Add Developers to a Team Without Lowering Productivity

According to Brook’s Law (from Mythical Man Month [affiliate link]), adding software developers to a late project makes it later because the number of communication lines increases rapidly with each new person. A team with N developers has N*(N-1)/2 communication lines, so a team of two has one line between them, but a team of 20 has 190 lines, one for each pair. If we accept this, there are several caveats that mean the law might not apply to you.

It should be clear that this won’t apply to a very small team. If you have two developers, then adding two more will help. The number of communication lines goes from one to six, but the amount of time that can be spent working on the project doubles. Compare this to adding two people to a twenty person team, where you might add more than forty communication lines and only 10% more work time. Also, a team of two have probably not created a very large codebase yet, so ramp-up time is not as bad as what it takes to learn what a team of twenty could create.

Another way the law doesn’t apply is if your developers don’t need to talk to each other. If they can work completely independently, then you are not adding communication lines. That also works if they only need to talk to a small subset.

You can also increase the effectiveness of a given team (before adding anyone) if you can remove lines of communication. This does not mean “better communication” (like documentation), which only reduces the cost of a line, not the number of lines. Reducing the cost of lines is good, but will be overwhelmed by combinatorial explosion of new lines if you don’t work to remove them.

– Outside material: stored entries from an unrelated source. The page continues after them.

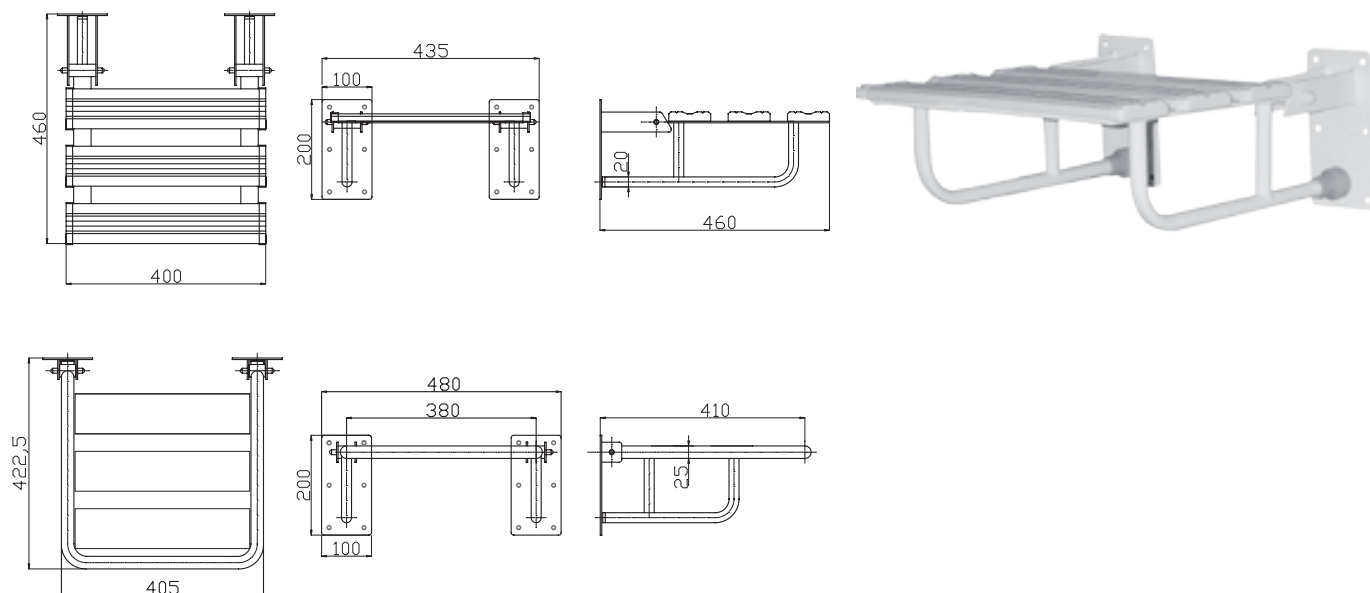

Uchylne montowane do ściany / Tilting / Klappsitze

Krzeselko prysznicowe uchylne wzmacnione
Shower chair -tilting, reinforced
Klappsitz mit Sitzstütze

Model	OBCIĄŻENIE / MAX. LOAD / BELASTBAR	białe / white / weiß	stal nierdzewna / Stainless steel / Edelstahl
KPU	120 kg	•	•

Krzeselko prysznicowe uchylne
Shower chair -tilting
Klappsitz

Removing a line of communication only happens if the communication isn’t necessary. The model here is to think of that part of the team as external. If I add AWS to my project, I expect a lot of productivity gains, but I don’t add in communication lines to every developer that built it. A lot of teams move to architectures like micro-services to reduce lines of communication, which is supposedly how AWS came into existence in the first place. That’s one way, but you can get there with clean API’s in libraries too. Whatever you may think of external library dependencies (I think of them as instant tech debt), they can make us more productive (just not for free). If you added developers to make a library for you, you would get the same benefit if they could stay as independent.

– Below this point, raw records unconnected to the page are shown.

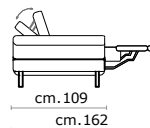

METZO

E661 Product Code

Struttura: Telaio in legno con cinghiatura di sostegno ad elasticità differenziata, rivestito in poliuretano espanso indeformabile.

Imbottiture: Poliuretano indeformabile a doppia densità e ovattato faldato.

Rivestimento: In pelle, o in tessuto non sfoderabile.

Piede In metallo altezza 13 cm.

Structure: Wooden frame fitted with an elasticised webbing suspension, covered with stress resistant undeformable polyurethane foam.

Paddings: Double density polyurethane foam and padding.

Covering: In leather or fabric, not removable.

Feet: In metal 13 cm high.

COVERING

LEATHER

FABRIC

STANDARD FEATURES

DUAL DENSITY CUSHIONS

RECLINING HEADREST ON ALL SEATS

OPTIONAL FEATURES...

MEMORY FOAM

RECLINER

PUNTO SELLA STITCHING

Seduta d'Arte srl
Via dell'Orzo, 32 - 70022 Altamura (Bari) - Italy
Tel. +39 080 3149600 - Fax +39 080 3160353
info@sedutadarte.it - sedutadarte.it

08/08/2014 - 1

Versione recliner / Recliner version

Versioni recliner modulare / Modular recliner version

Once you have independent sub-teams, they can add developers because they are small. At Trello, when I was on the iOS team, I relied on the Trello backend API, but I didn’t need to communicate much with the developers that worked on it, follow their daily PR flow, or go to their meetings. As a principal engineer, I did read their RFC’s, but most of my team didn’t need to. When the backend team grew, my productivity wasn’t affected. Our team was small, so we doubled in size without causing the backend developers any trouble. Our lines of communication increased, but it was manageable.

Independence wasn’t only at the code level. Teams at Trello didn’t have a shared development process. Many teams did sprints, but they didn’t need to sync with each other. Teams that worked on the same deployable had to communicate more, but it was more hub and spoke rather than every possible pair. One way we did this was to have a role called a “feature lead” who was a focal point of communication. They would have a line to each developer on their project, but could help the rest of the team members stay independent from each other.

So, to add developers with less communication overhead, create small, independent teams. To the extent that there are dependencies between them, try to concentrate that in a few people, rather than spread the effect to everyone.